== Segment start ==

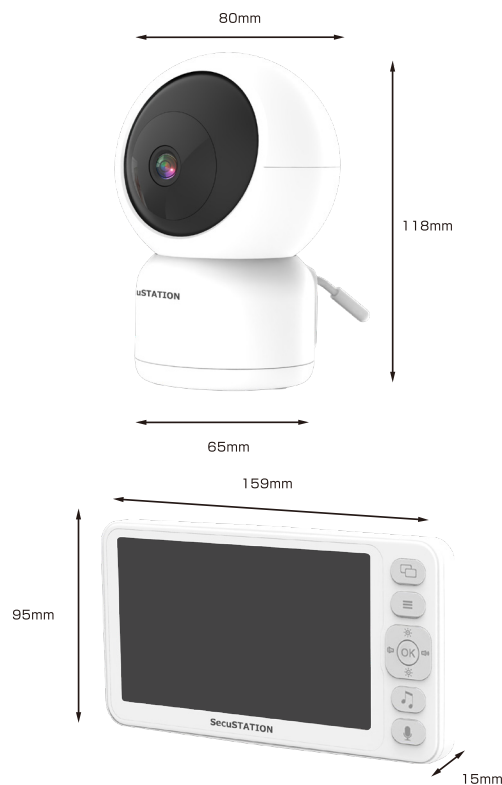

難しい設定が不要&ネット環境不要なベビーモニター

SC-BB53K

265万画素

温度センサー

カメラ本体の温度センサーで部屋の温度がわかる

カメラ本体に温度センサーを搭載しているため、お部屋が適切な温度かモニターで確認することができます。

接続方法の紹介

接続方法についてご紹介した動画をご視聴頂けます。

Point 3

モニターから遠隔操作で
カメラの向きを変えられる

モニターを操作して、カメラの角度を上下左右に調整できるので赤ちゃんの様子を見逃しません

Point 4

しっかり撮影できる
265万画素

映像は265万画素だから表情までしっかり鮮明に撮影できます

製品仕様

型番	SC-BB53C カメラ
画素数	265万
画角	水平70° 垂直60° 対角110°
夜間撮影範囲	最大5m
マイク	内蔵
スピーカー	内蔵
デイナイト機能	対応
最大解像度	1920×1080
ストレージ	microSDカード最大128GBまで対応
動作環境温度	-10°C～50°C
電源	DC 5V 1.5A
消費電力	最大3W
寸法	80mm (カメラ部分) × 65mm (底辺) × 118mm
重量	180g

型番	SC-BB53K(モニター)
モニターサイズ	5インチ
マイク	内蔵
スピーカー	内蔵
ストレージ	microSDカード最大128GBまで対応
動作環境温度	-10°C～+60°C
電源	DC5V2A
消費電力	最大4W
寸法	159mm × 95mm × 15mm
重量	235g
バッテリー容量	3600mAh

付属品

- ① カメラ本体
- ② モニター本体
- ③ 専用箱
- ④ AC アダプター (Type-C)
- ⑤ 固定用台座
- ⑥ 固定用ビス・アンカー
- ⑦ サポートへのご案内
- ⑧ 防犯ステッカー
- ⑨ ご使用前にお読みください
- ⑩ 取扱説明書 (保証書)
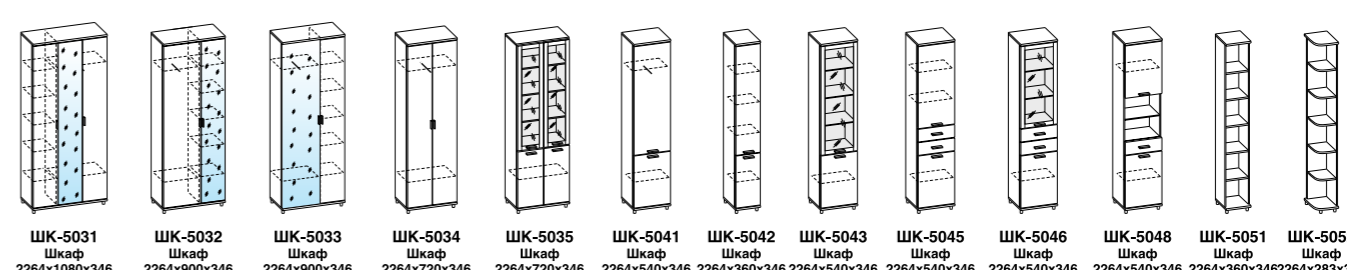

## Элементы модульной программы детской (подростковой) мебели «Грэйс»

7 | **СОСТАВ:** ШК-5052, ШК-5055, ПЛ-2604, ПЛ-2604, СТ-1009, ШК-5055, ШК-5057, КМ-5032, КР-5011

9 | **СОСТАВ:** КР-4011, ТБ-5024, ШК-5041, ШК-5015, ШК-5046, ПЛ-2603, ПЛ-2603, ПЛ-2603, СТ-1011, ШК-5046
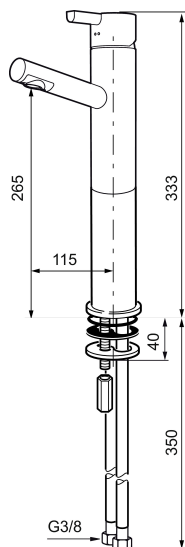

MORA REXX B5 tvättställsblandare

Mora REXX är essensen av skandinavisk design och funktionalitet. Serien är minimalistisk och med enkelheten i fokus. Dess precision är dess innovation. När tradition och hantverk samsas med moderna tillverkningsmetoder och inspirerande formgivning, blir resultatet Mora REXX. Här i form av en vacker tvättställsblandare med smart funktionalitet och förhöjd fot.

Art.nr: 707161.0065 RSK: 8344433 Flöde 3 bar: 4,6 l/m
Utförande: Krom/guld

Unika egenskaper

Skyddsmodul

- ESS (energisparsystem)
- Keramisk tätning
- Omställbar flödesbegränsning och temperaturspär
- Eco (energi- och vattenbesparande konstantflödesstrålsamlare, 5 l/min vid 2–6 bar)
- Flexibla anslutningsrör i metallomspunnen Soft PEX®
- Hålmått Ø32-37mm (Ø32-35 mm rekommenderas)

NR.	ART.NR	RSK	BESKRIVNING
8	209507.45	8393982	Utloppspip K5, komplett, titan
9	209503.AE	8346904	Strålsamlare M18 Inv., 7,6 l/min vid 2–6 bar, krom
10	209520.AE	8346910	Packningssats (blått spärsegment)
11	708779.AE		Fästdetaljer, kök
12	209518.AE	8346911	Fästdetaljer
13	209562.AE		Fot fkr med centrepackning, tvätt
14	209563.AE	8295335	Fot fkr med centrepackning, kök
15	209505.AE	8346906	Diskmaskinsvred, krom
15	209505.45	8393981	Diskmaskinsvred, titan
16	209504.AE	8346905	Diskmaskinsinsats inkl. verktyg
17	459013		Låsskruv M4x5
18	409480.AE	8393983	Ledbar strålsamlare M18 inv., 7–9 l/min vid 3 bar

== Segment end ==

*Try it*: Whenever a line in the material contains the word "Fästdetaljer", copy that line.

*Completed exercise*:
11	708779.AE		Fästdetaljer, kök
12	209518.AE	8346911	Fästdetaljer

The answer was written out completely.